• _Required work_:
Your task is to return the line containing "H2O GH115/20" and each line after it through the end of the entries, exactly, with no other lines.

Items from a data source
- - - - - - -

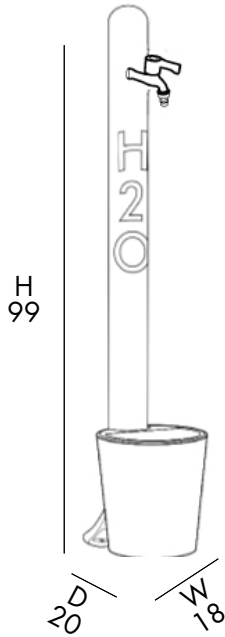

WINE RED
3005

LIGHT GREEN
6018

*EXTRA FOR SPECIAL COLORS € 35,00

H2O GH115/20

€145,00

Only cold water

4 Kg

D 15 cm
H 101 cm
W 19 cm

- - - - - - -

• _Answer to the exercise_:
H2O GH115/20

€145,00

Only cold water

4 Kg

D 15 cm
H 101 cm
W 19 cm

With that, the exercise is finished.